RESENHA DO LIVRO VIRGÍNIA

ESTRATÉGIAS DE DESARMAMENTO (E.M)

Vamos falar um pouco mais sobre o romance Virgínia, de Stéfanie Sande. Deixo assinalado que o livro pode ser uma grande descoberta, sobretudo no público mais jovem. O amor entre duas garotas é tratado sem a costumeira bandeira levantada, sem o rancor típico das resistências entrincheiradas. Considerando a leveza oriunda da naturalidade da relação, o enredo não sublinha aspectos traumáticos. Sim, é possível tratar do lesbianismo (e outras tantas emergentes pautas sociais) sem o recorte do conflito e do sofrimento. Nem por isso a obra será menos profunda.

 

Em termos de narrativa, fiquei muito satisfeito ao ver a mudança de marcha no segundo terço da narrativa. A troca de vozes aponta para o amadurecimento da escritora. Não é fácil e não é comum ver essa alteridade realizada com sucesso. Em geral, quando não há planejamento, o livro fica sem pé nem cabeça. Virgínia nos oferece a dupla perspectiva, sem perder a lógica em nenhum momento. A oscilação espaço-temporal é apresentada de forma progressiva e a troca de vozes, de forma marcada e inequívoca. Portanto, em termos de planejamento, Stéfanie Sande surpreende e encanta.

O leitor será cativado pelo estilo e pelo tema, mesmo que não saiba precisamente identificar os pormenores da composição que, aliás, é assunto de escritores e críticos. Basta ao leitor o prazer do texto. Por isso mesmo não quero incluir o paralelo realizado com as cartas de Virgínia Wolf, uma sofisticação da mente inquieta da amiga e colega escritora. Acredito que o leitor deve se apaixonar por um texto à primeira vista, seja amando, seja odiando a sorte dos personagens, interagindo, participando, vociferando. a reflexão sobre a técnica narrativa é das coisas menos interessantes para o prazer do texto que precisamos estimular no público leitor. Aliás, é isso que conta e, infelizmente, "isso" está sendo esquecido por boa parte dos escritores brasileiros que querem fazer do livro um tratado acadêmico.
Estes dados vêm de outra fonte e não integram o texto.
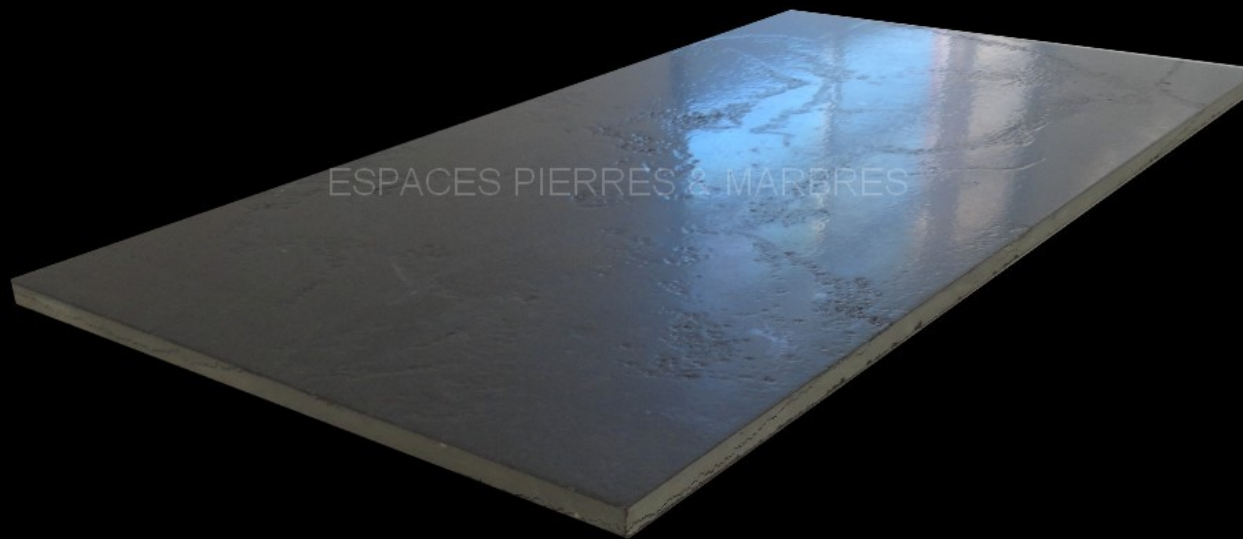

Collection Azur

Samara Grey finition brossée

Dallages :

40x40x2

LLx40x2

LLx50x2

61x61x2

70x70x2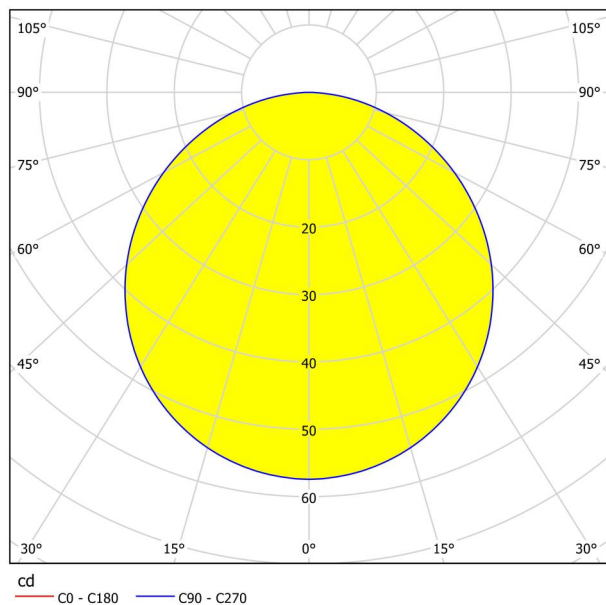

Technical Information

Protection Degree	IP44
Protection Class	2
Mains Voltage	220-240V,50/60Hz
Operation Voltage	220-240V,50/60Hz
Dimmable	No
Watt 1	2,7

Illuminant 1

Number of Lamp socket / Light source 1	1
Lamp socket 1	LED
Illuminant type 1	LED
Illuminant 1	Inclusive
Energy efficiency class (EEI)	E
Dimmable	No
Info changeability□light source/driver	LED + driver cannot be exchanged

1 x
2,7 W   Ø 75   IP44

THE FUNCTIONAL GUARANTEE ONLY APPLIES TO THE USE OF THE PRODUCTS IN THE PRIVATE SECTOR AND NOT TO PRODUCTS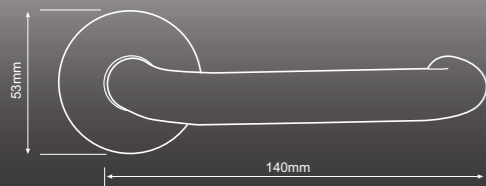

Code: FCLVER-SC Size: 180 mm

classic

Royal Chrome, Privacy

Code: FCL-ROYPR-PC Size: 152 mm Handle: 42 mm

Versailles Satin Brass

Code: FCLVER-SB Size: 180 mm

Versailles Satin Chrome, Plate

Code: FCL-VERP-SC

Size: 180 mm

Versailles Satin Chrome, Privacy

Code: FCL-VERPR-SC

Size: 180 mm

Versailles Satin Brass, Plate

Code: FCL-VERP-SB

Size: 180 mm

Versailles Satin Brass, Privacy

Code: FCL-VERPR-SB

Size: 180 mm

Project 1

Code: FCLPRO1-SS Size: 127 mm Rose: 51 mm

Genoa

Code: FACGEN-SN/NP Size: 180 mm

Project 2

Code: FCLPRO2-SS Size: 140 mm Rose: 53 mm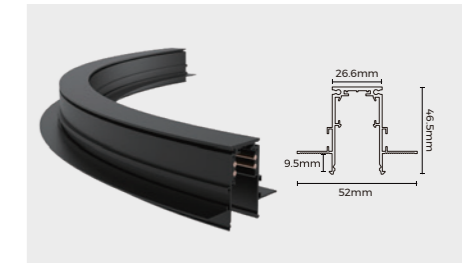

Size: 52×46.5×Φ800mm, 90°

**Art. 127.0001.95.1000mm 90°**

Installation: Trimless recessed  
Material: AL6063-T5  
Coating: Black  
Rated current: 7.5A

Operating Voltage	Maximum power
24V	180W
48V	360W

Size: 52×46.5×Φ1000mm, 90°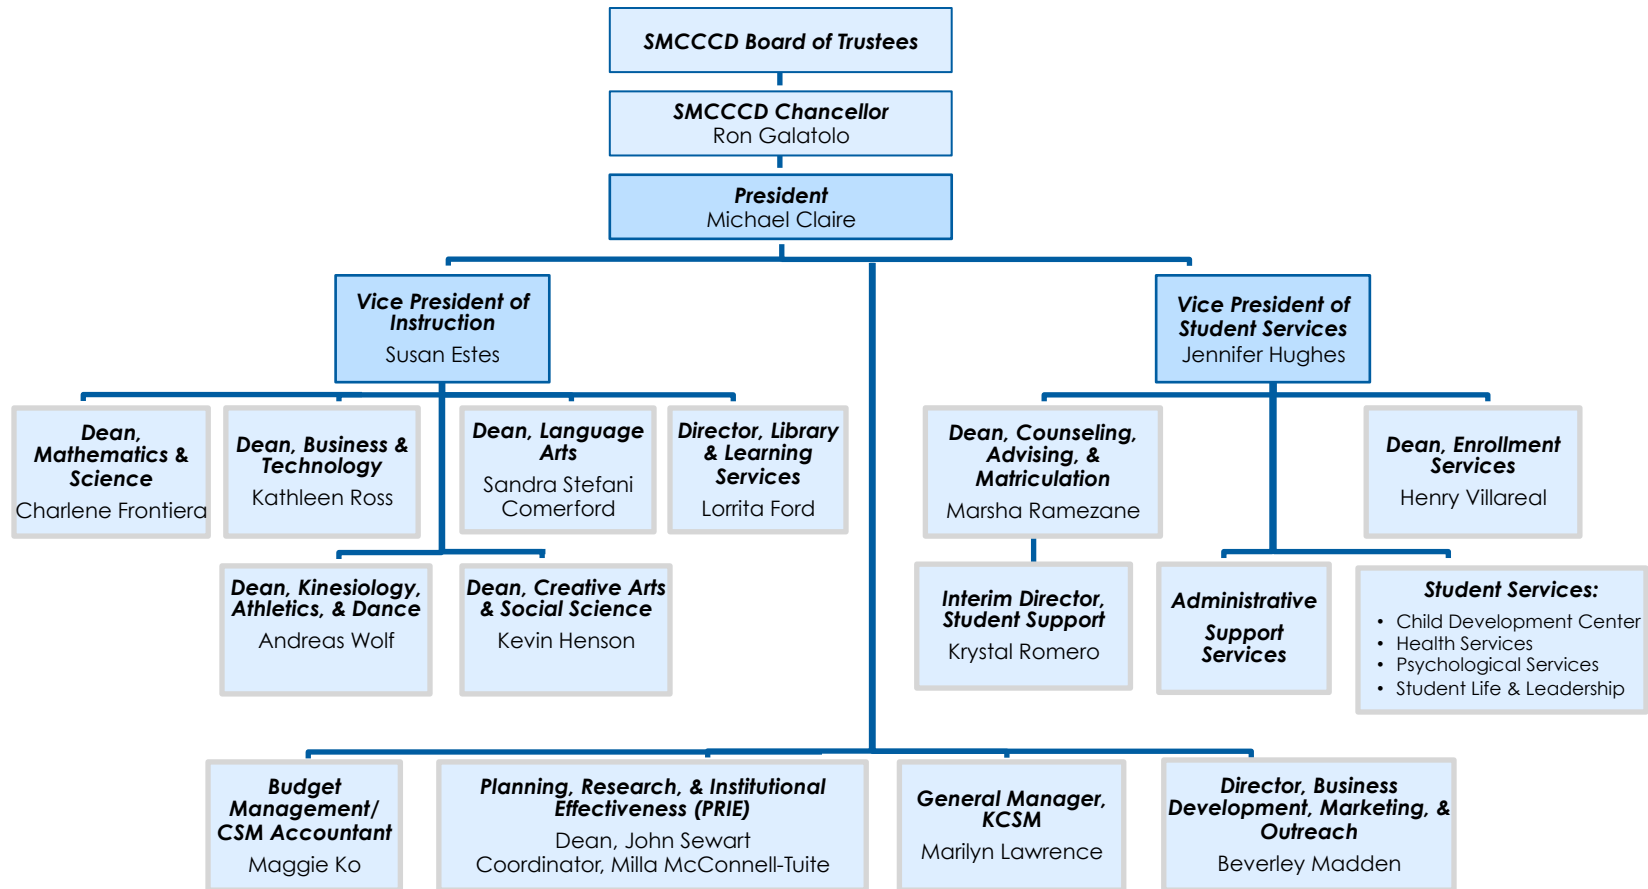

# San Mateo Community College District (SMCCCD) College of San Mateo Organizational Chart

Indicates President's Cabinet (President & Vice Presidents)

2011-2012 Academic Year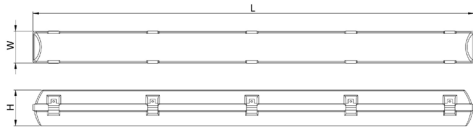

VapourLUX 1

TECHNICAL DATA SHEET

1500mm

- Surface mounted or suspended waterproof LED luminaire
- Light Distribution: Direct
- Optical System: opal polycarbonate diffuser, UV stable, impact resistant
- Housing: Polycarbonate
- Colour: light grey

System efficacy, lm/W:	Up to 169
CCT, K:	3000 and 4000
Light Distribution:	Symmetrical wide beam
Beam angle, °:	125x103
LED lifetime, h:	100000/L80B10

TECHNICAL DATA

Dimensions, mm:	L1572 x W96 x H111
Net weight, kg:	2.6

TECHNICAL DRAWING

LIGHT DISTRIBUTION CURVE

PRODUCTS

COLOUR (K)	LUMINAIRE OUTPUT (LLM)	POWER (W)	EFFICACY (LLM/W)	PART CODE
3000	4267	27.8	154	VPLX1/15/4300/3K
3000	5403	34	159	VPLX1/15/5400/3K
3000	6368	40.8	156	VPLX1/15/6400/3K
3000	8447	54.1	156	VPLX1/15/8400/3K
3000	11358	71.1	160	VPLX1/15/11400/3K
4000	4498	27.8	162	VPLX1/15/4500/4K
4000	5695	34	168	VPLX1/15/5700/4K
4000	6747	40.8	165	VPLX1/15/6700/4K
4000	8903	54.1	165	VPLX1/15/8900/4K
4000	12035	71.1	169	VPLX1/15/12000/4K

E o tema? Sim, é um tema contemporâneo. O compromisso do escritor é com o próprio tempo, nem que, para isso, passe a vida revisando o passado. A homoafetividade não teve da escritora o tratamento esperado. Não sei porque diabos convencionou-se cuidar do relacionamento homoafetivo de forma trágica. Talvez por conta da resistência que encontra numa sociedade profundamente preconceituosa. Mas... não é sempre assim. Em Virgínia não é assim. Como tudo o mais, a supressão de conflitos é uma estratégia. Vejamos a sutileza da abordagem.

A objeção sobre a inverossimilhança poderá incomodar. "Um amor desse tipo não há no Brasil". Gente chata existe desde os primeiros autores brasileiros a espetá-los com essa acusação. Sim, há relacionamentos como os de Virgínia. E não são poucos. A estratégia de naturalizar o que se convenciona como excepcional é um adicional de qualidade ao romance. Talvez aí esteja o ativismo autoral – eleger o recorte, as personagens, a interação e evidenciar determinas relações como não-conflitivas. Trocando em miúdos: são duas pessoas que se amam de forma verdadeira, espontânea e livre. Não há marchas, nem cartazes, nem arco-íris. A relação homoafetiva não encontra qualquer estranhamento e esse é o brilhante pulo do gato.

O livro é para adolescentes? Sim, entre todos que vão gostar de Virgínia, está o público teen. Isso é ótimo. Mas o romance não se limita a um determinado segmento. Meu pai, um octogenário nordestino de Gravatá do Ibiapina, adorou. Por quê?, perguntei curioso. Porque é bom. Traz o amor como ele é, intenso e natural. Li numa sentada. Existe resposta melhor? Ao que me conste, não há. Virgínia entra para o rol de livros brasileiros em que uma boa história e bem contada, de forma clara e objetiva, aprisionando o leitor que está mais preocupado com o enredo e com as personagens do que em se posicionar previamente sobre uma pauta política. Daí que Virgínia desarma o leitor pelo afeto. Não há outra estratégia mais eficaz.

 

Eduardo Mahon é escritor, mestre e doutorando em estudos literários – Unemat.